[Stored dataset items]
=== Begin Enclosure ===

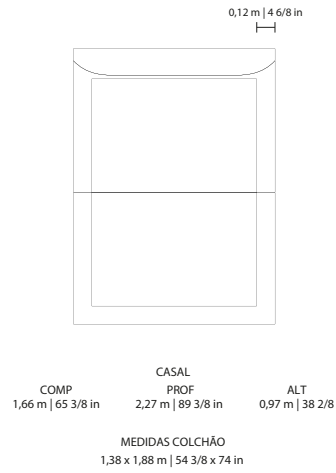

LINEE

ÉTHER

CAMAS

É T H E R

C A M A S
B E D S

L I N E E

É T H E R

CAMAS
BEDS

L I N E E

É T H E R

C A M A S
B E D S

MEDIDAS National measurements

SIN SOLAPA
Without flap

CON SOLAPA
With flap

LINEE

É T H E R

C A M A S
B E D S

Headboard: Fixed, with single topstitching and double topstitching.
Box: With single topstitching. Bed base with height options of 17 and 21 cm.
Support: Injection-molded polypropylene legs in black.

Measures may vary slightly. We reserve the right to make changes without prior consultation.

Cabecera: Fija, con costura en pespunte simple y pespunte doble.
Box: Con costura en pespunte simple. Somier con opción de altura de 17 y 21 cm.
Soporte: Patas de polipropileno inyectado en color negro.
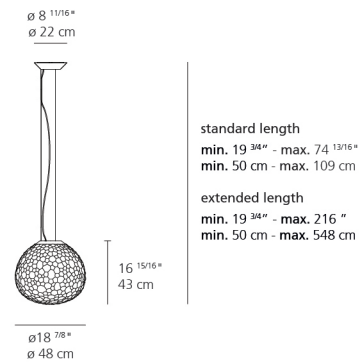

### Dimensions

### Luminaire weight

16.77 lbs / 7.61 kg
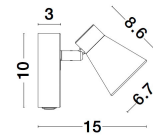

DUBLIN

/DEKORATIV/Wandleuchten/Wandleuchten

Produktdatenblatt

- Leuchtmittel: LED GU10 DEPEND ON LAMP
- IP:20
- Lichtfarbe:DEPEND ON LAMPk DEPEND ON LAMPIm
- Material: METAL
- Farbe: SANDY BLACK
- Maße: L=10cm W:15cm H:10cm
- BULB: EXCLUDED

9155712_2

9155712_3

9155712_4

9155712_5

DUBLIN - 9155712

Sandy Black Metal
Switch On/Off
LED GU10 1x10 Watt 230 Volt
IP20 Bulb Excluded
L: 10 H: 15 cm

9155712_6

5 212017 426550

9155712_8

Dieses Produkt gibt es in folgenden Ausführungen:

| Best.-Nr. | Leuchtmittel | Detailinfos |
|------------|---|--|
| 28-9155712 | DUBLIN DEPEND ON LAMP Lichtfarbe: DEPEND ON LAMP, | SANDY BLACK, METAL, Maße: L=10cm W:15cm H:10cm IP20, |

=== End Enclosure ===

What to produce
Your reply should be the lines of the records from the start through the line with "Measures may vary", copied word for word, pictures omitted.

Result
LINEE

ÉTHER

CAMAS

É T H E R

C A M A S
B E D S

L I N E E

É T H E R

CAMAS
BEDS

L I N E E

É T H E R

C A M A S
B E D S

MEDIDAS National measurements

SIN SOLAPA
Without flap

CON SOLAPA
With flap

LINEE

É T H E R

C A M A S
B E D S

Headboard: Fixed, with single topstitching and double topstitching.
Box: With single topstitching. Bed base with height options of 17 and 21 cm.
Support: Injection-molded polypropylene legs in black.

Measures may vary slightly. We reserve the right to make changes without prior consultation.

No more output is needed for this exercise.